- Opening Delimiter -

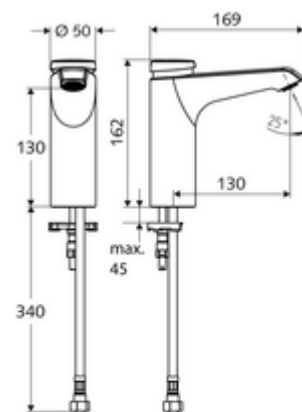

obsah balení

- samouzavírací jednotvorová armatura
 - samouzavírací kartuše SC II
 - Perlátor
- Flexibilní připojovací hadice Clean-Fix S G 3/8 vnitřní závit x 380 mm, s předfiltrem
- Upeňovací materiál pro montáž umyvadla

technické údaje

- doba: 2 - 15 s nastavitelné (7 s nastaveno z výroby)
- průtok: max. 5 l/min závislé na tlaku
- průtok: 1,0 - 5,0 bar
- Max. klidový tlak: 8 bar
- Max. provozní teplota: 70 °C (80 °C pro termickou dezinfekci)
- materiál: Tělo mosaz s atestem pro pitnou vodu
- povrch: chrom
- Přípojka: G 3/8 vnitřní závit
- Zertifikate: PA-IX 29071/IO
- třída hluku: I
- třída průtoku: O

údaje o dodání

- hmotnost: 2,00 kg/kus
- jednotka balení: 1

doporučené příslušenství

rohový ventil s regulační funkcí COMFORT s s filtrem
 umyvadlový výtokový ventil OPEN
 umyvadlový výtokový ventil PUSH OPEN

- Closing Delimiter -

= TRY IT =
The response should be the listing above, limited to the lines between the one holding "technické údaje" and the one holding "- povrch: chrom", inclusive, reproduced exactly.

= SOLVED EXERCISE =
technické údaje

- doba: 2 - 15 s nastavitelné (7 s nastaveno z výroby)
- průtok: max. 5 l/min závislé na tlaku
- průtok: 1,0 - 5,0 bar
- Max. klidový tlak: 8 bar
- Max. provozní teplota: 70 °C (80 °C pro termickou dezinfekci)
- materiál: Tělo mosaz s atestem pro pitnou vodu
- povrch: chrom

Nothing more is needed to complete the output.